The Mastiff has one real area of concern: orthopedic issues. Because of their size, their joints bear a lot of stress from a young age. The most common issues I see in my Mastiff patients include:

  • Elbow/Hip Dysplasia
  • Arthritis in older age in any joint but especially the elbows, hips, back, and knees
  • Obesity

There are definitely some ways that you can help out your Mastiff live more comfortably as they age. The most effective tips that I know are the following:

  • Keep your Mastiff at its optimal weight and maybe even a little thinner. You should be able to feel each individual rib. When you’re lifting that much weight to get off the ground, being 5-10 lbs overweight can make a big difference.
  • Start a joint supplement when they are roughly 3 years old. The bones and joints are fully mature at around 2 years of age so glucosamine, chondroitin, and other cartilage-sparing substances can start working. I highly recommend Cosequin Maximum Strength as I’ve found that to be the most liked by my large-breed dog owners.
  • Condition them to lay on softer surfaces such as an orthopedic dog bed. Be mindful to replace the inner foam or the bed entirely when it begins to flatten or wear out. You can also get your dog its own smaller couch. Sounds funny but that’s what we’ve done in our own house and a Mastiff doesn’t have to jump up and down to get on/off it because they’re so tall.
  • Keep them active as they age! My clients as a whole think when their big dogs get older and struggle to get up it’s because of arthritis. While they may have arthritis, I have found that most elderly dogs suffer more from weakness after years of decreased activity. Short daily walks are the minimum – more is better!

Where Can I Find Out More About The Neapolitan Mastiff?

United States Neapolitan Mastiff Club

AKC Breed Page

Where Can I Find A Neapolitan Mastiff?

The Neapolitan Mastiff is readily available from breeders around the country, but it is essential prospective owners do their research ahead of time. This dog is a large breed of dog that can be prone to hip dysplasia and elbow dysplasia. Ensure that any puppy you adopt comes with complete and certified health checks to protect your dog from dangerous and painful joint conditions later in life. Always try to meet all the puppies in the litter, as well as the parent dogs.

Start with the national club and peruse their breeder listings. I’m linking to their intro page here so that you read what they recommend when selecting a breeder and puppy.
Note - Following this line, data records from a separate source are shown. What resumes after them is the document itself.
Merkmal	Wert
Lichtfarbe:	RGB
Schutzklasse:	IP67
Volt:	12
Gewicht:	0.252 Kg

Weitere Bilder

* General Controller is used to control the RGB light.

Many people buy a Neapolitan Mastiff without fully realizing how much time and effort goes into properly training this giant breed of dog. Countless dogs end up in rescues as a result, and some rescues even specialize in this specific breed. Finding a purebred Neapolitan Mastiff at a rescue may be possible, allowing you to find your dream dog. Try Mastino Rescue, Inc. or Mastiffs To Mutts Rescue, Inc. to begin your search for a rescued Neapolitan Mastiff.  
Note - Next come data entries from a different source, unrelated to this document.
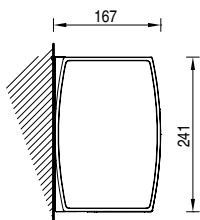

## STORE COFFRES

**FR** EPICA est un store coffre à bras extensibles avec coffre, caractérisé par un design simple et essentiel. Les éléments de fixation et les vis sont complètement cachés à la vue. Malgré les petites dimensions, il a une avancée de 410cm avec le bras Giant. Le produit se complète avec une grande variété d'options comme par exemple le kit illumination et la barre de charge coffre.

## SPIN

↙ min. 160 cm.  
↘ max. 335 cm.

Câble | Chaîne

### BALTEUS GIANT + LED

↙ min. 260 cm.  
↘ max. 410 cm.
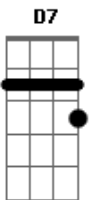

Exaltasamba - Espere Por Morena

tom:

Intro: G G7 G

C G
Espere por mim, morena
Am7 D7 C G
Espere que eu chego já
F Em7
O amor por você morena

Faz a saudade me apressar

G
Espere por mim, morena
Am7 D7 C G
Espere que eu chego já
F Em7
O amor por você morena
Dm G7

Faz a saudade me apressar

C Bm7 Am7 G
Tira um sono na rede, deixa a porta encostada
Dm C Bm7 Am7 D
Que o vento da madrugada já me leva pra você
C Bm7 Am7 D7 G
E antes de acontecer, o sol a barra vir quebrar
F C Dm C
Estarei nos teus braços para nunca mais voar

C G
Espere por mim, morena
Am7 D7 G
Espere que eu chego já
F Em7
O amor por você morena
Dm C

Faz a saudade me apressar

G
Espere por mim, morena
Am7 D7 G
Espere que eu chego já
F Em7
O amor por você morena
Dm G7

Faz a saudade me apressar

C Bm7 Am7 G
E nas noites de frio serei o teu cobertor
Dm C Bm7 Am7 D
'Quentarei o teu corpo com meu calor
C Bm7 Am7 D7 G
Ah, minha santa, te juro, por Deus Nosso Senhor
F C Dm C
Nunca mais minha morena vou fugir do teu amor

C G
Espere por mim, morena
Am7 D7 G
Espere que eu chego já
F Em7
O amor por você morena
Dm C

Faz a saudade me apressar

G
Espere por mim, morena
Am7 D7 G
Espere que eu chego já
F Em7
O amor por você morena
Dm G7

Faz a saudade me apressar

Acordes

© ukulele-chords.com

© ukulele-chords.com

© ukulele-chords.com

© ukulele-chords.com

© ukulele-chords.com

© ukulele-chords.com

© ukulele-chords.com

© ukulele-chords.com

© ukulele-chords.com

© ukulele-chords.com

Fun Facts About the Neapolitan Mastiff

  • While the official name for this breed of dog is the Neapolitan Mastiff, it goes by several other names. Many call the dog a Neo, while others simply refer to it as Mastino.  
  • This breed of dog is particularly ancient, and its roots date back to the beginning of the Bronze Age in 3000 BCE. During this time, a breed of dog that looked like a mastiff was developed near Tibet. The dog slowly evolved into the breed of dog we know today.  
  • The Neapolitan Mastiff that we know today was developed around the Naples area in Italy, giving the dog its name. They were bred for their massive size so that they could protect their owners during an attack. Their skin was purposely bred to be loose so that the dog would not become injured by animals biting at its face or neck. The dog was also bred for its loyal and affectionate personality to be a loving member of the family.  
  • Jane Pampalone is responsible for bringing the first official Neapolitan Mastiff to the United States in 1973. However, this breed of dog may have existed in the United States much earlier, brought from Italy by Italian immigrants in the 1880s.